Among neighborhoods within 5 miles, East End leans more Democratic than 29 of 56 neighbors.

East End runs about 45 points more Democratic than California as a whole.

Politics vary noticeably by block within East End. The south side is the most Democratic-leaning (D+70) and the east side is the least Democratic-leaning (D+59), a spread of about 10 points.

Why East End leans the way it does

This analysis examined 14,881 data points per neighborhood to find what predicts political lean and turnout. The items below are a few correlations that stood out for East End, not a ranked or complete list of what matters most.

Areas with high college attainment vote Democratic. About 65% of adults in East End hold a bachelor's degree, about 37 points above the U.S. average of 28%.

Preventive-care access and voter turnout

Places with strong routine preventive-care access tend to turn out at a higher rate; East End, Alameda, CA sits in the top quarter nationally on this measure. Dental visits do not drive turnout; the rate reflects income, insurance, and healthcare access, which line up with who votes.

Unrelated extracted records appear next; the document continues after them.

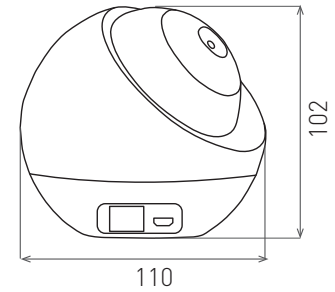

## WiFi CAM DM1

220-240V-50/60Hz

IP<sub>20</sub>

-10+40°C

- INTELIGENTNA KAMERA OBROTOWA SMART
- przeznaczona do monitorowania i zabezpieczania wnętrza domu
- rozdzielczość 1920x1080 pikseli (2 MP)
- typ przetwornika - CMOS
- kompresja wideo - H.264
- obrotowa głowica o rotacji - 170° w poziomie; 30° w pionie
- kąt widzenia 90° (360° przy wykorzystaniu rotacji obiektywu)
- wbudowany głośnik i mikrofon - możliwa komunikacja dwukierunkowa
- monochromatyczne widzenie nocne o zasięgu do 15m (automatycznie aktywowane po zmroku)
- zasilanie poprzez adapter sieciowy (w zestawie)
- slot na kartę microSD o maksymalnym rozmiarze 128 GB
- możliwość przesyłania danych przez port sieciowy RJ-45 LAN (nie obsługuje PoE)
- sterowanie za pomocą smartfonu, tabletu itp.
- możliwość zdalnego sterowania również spoza domu
- zgodność ze standardem IEEE 802.11 b/g/n (2,4 GHz)
- sterowanie za pomocą aplikacji Tuya lub Smart Life
- aplikacje dedykowane do systemów Android i iOS
- montaż na ścianie, suficie lub na meblach
- dodatkowe funkcje:
  - wysyłanie powiadomień i zdjęć w przypadku wykrycia ruchu
  - śledzenie poruszających się osób
  - tworzenie i przechowywanie zdjęć, filmów
  - nagrywanie zgodnie z harmonogramem
  - przypisanie kamer do danego pomieszczenia

Powered By  
**tuya**

Powered by  
**Smart Life**

android

iOS

WiFi CAM DM1

GXSH001

8592660131498

2 MP, 1920 x 1080 px, MicroSD max. 128 GB,  
Network port, IEEE 802.11 b/g/n (2,4 GHz)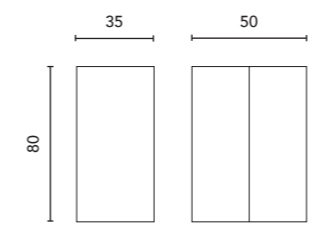

Pensile Style Wall units Style	Profondità 15 Depth 15	GR21	NO14	GR40	BL1B	GR16B	€
35	1 A. Rev. 1 D. Rev.	125317	123240	127179	123237	123238	134
50	2 A. 2 D.	125318	123244	127187	123241	123242	170

Distribuzione interna: 2 mensole in legno.
Internal distribution: 2 wooden shelves.

Vedere pagina 264 per ulteriori opzioni di gambe. Vedi pagina 246 per consultare specchiere, camerini e illuminazione.
Le misure di questi prodotti sono indicate in cm. Vedere pagina 254 per consultare la tabella dei lavabi per ogni collezione.
See page 264 for more leg options. See page 246 to consult mirrors, mirror cabinets and wall lights.
The measurements of these products are indicated in cm. See page 254 to consult the table of washbasins for each collection.

Why turnout in East End looks the way it does

Areas with strong routine healthcare access turn out at higher rates. East End is in the top quarter nationally for routine-care measures such as insurance coverage, preventive screenings, and dental visits. The dental-visit rate here is about 71%, about 11 points above the U.S. average of 60%. Learn more about the findings and methodology on the political spectrum map.

Sources and methodology

Precinct-level voting records used to fit the model come from California Secretary of State, Elections, distributed by the Voting and Election Science Team. Demographic inputs come from the U.S. Census Bureau (ACS 5-year estimates and the 2020 Decennial Census). Health and environmental inputs come from the CDC (PLACES and the Environmental Justice Index). Land cover comes from the USGS and EPA. Election-day and lead-up weather come from PRISM 4km daily grids and the NOAA Global Historical Climatology Network. Mail-voting and election-administration patterns come from the MIT Election Lab's Survey of the Performance of American Elections. Block-group crime detail comes from CrimeGrade. Internet data and modeling support provided by ISPreports.org.

Modeling and analysis by the BestNeighborhood data science team. Full methodology and findings: political spectrum map.

Methodology reviewed by the BestNeighborhood data team. Last updated May 2026.